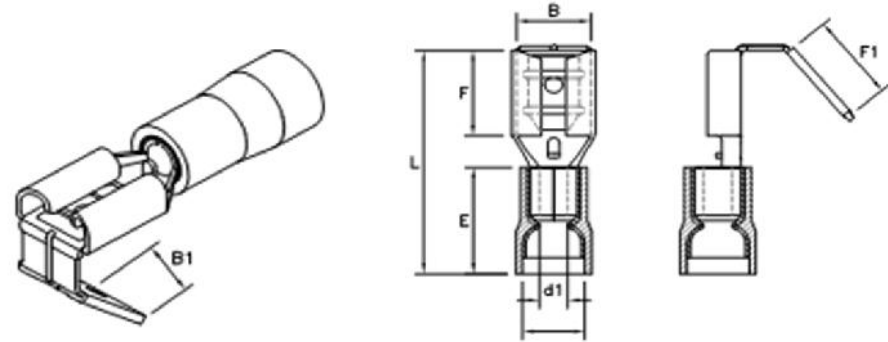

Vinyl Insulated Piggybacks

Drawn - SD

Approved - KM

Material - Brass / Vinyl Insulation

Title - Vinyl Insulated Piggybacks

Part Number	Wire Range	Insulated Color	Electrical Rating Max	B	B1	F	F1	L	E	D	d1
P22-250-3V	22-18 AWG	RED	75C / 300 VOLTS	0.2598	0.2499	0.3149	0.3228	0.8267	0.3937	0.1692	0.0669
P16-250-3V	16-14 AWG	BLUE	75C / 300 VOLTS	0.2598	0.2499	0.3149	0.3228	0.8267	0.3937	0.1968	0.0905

● ● ●

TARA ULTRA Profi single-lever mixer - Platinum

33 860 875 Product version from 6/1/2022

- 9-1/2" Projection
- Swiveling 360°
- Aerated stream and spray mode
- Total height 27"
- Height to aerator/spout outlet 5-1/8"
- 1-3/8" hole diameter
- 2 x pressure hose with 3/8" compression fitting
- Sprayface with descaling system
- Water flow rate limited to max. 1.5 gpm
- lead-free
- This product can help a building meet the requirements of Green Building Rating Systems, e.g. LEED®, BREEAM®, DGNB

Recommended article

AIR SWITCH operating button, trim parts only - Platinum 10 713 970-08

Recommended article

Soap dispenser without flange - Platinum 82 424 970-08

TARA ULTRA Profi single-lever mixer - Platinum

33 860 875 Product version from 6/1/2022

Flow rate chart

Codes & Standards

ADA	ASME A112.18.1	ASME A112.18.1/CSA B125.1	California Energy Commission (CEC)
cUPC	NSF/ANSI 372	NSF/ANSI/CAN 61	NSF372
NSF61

● ● ●

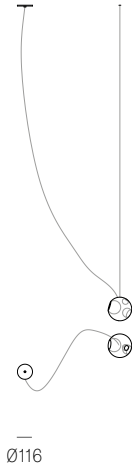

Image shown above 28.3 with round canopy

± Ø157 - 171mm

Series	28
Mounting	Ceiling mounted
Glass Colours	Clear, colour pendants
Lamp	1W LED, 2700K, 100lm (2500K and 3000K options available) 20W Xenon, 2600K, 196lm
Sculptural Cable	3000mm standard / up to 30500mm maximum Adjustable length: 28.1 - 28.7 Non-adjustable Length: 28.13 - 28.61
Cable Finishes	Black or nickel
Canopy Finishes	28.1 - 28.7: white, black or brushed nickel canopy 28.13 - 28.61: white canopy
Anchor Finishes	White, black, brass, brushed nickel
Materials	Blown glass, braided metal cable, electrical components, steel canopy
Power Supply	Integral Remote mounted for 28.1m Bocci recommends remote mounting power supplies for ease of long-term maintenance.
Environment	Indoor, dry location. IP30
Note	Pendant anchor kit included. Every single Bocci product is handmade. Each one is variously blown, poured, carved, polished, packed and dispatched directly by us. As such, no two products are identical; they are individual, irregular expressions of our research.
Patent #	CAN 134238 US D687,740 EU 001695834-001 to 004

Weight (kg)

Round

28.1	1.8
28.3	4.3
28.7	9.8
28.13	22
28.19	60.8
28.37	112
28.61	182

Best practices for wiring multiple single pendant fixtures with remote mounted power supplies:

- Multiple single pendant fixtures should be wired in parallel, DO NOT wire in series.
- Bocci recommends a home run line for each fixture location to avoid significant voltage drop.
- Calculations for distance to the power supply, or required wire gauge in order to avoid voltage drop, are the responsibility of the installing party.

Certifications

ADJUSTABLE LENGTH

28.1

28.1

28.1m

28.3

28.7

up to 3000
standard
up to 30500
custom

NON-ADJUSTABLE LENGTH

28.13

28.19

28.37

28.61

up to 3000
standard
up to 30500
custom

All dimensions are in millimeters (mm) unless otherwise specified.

● ● ●

● **Exercise directions**
Above are the records; print exactly the lines from the line with "28.61: white canopy" to the line with "dry location. IP30", including both, and nothing else.

● **Solution for this problem**
Canopy Finishes	28.1 - 28.7: white, black or brushed nickel canopy 28.13 - 28.61: white canopy
Anchor Finishes	White, black, brass, brushed nickel
Materials	Blown glass, braided metal cable, electrical components, steel canopy
Power Supply	Integral Remote mounted for 28.1m Bocci recommends remote mounting power supplies for ease of long-term maintenance.
Environment	Indoor, dry location. IP30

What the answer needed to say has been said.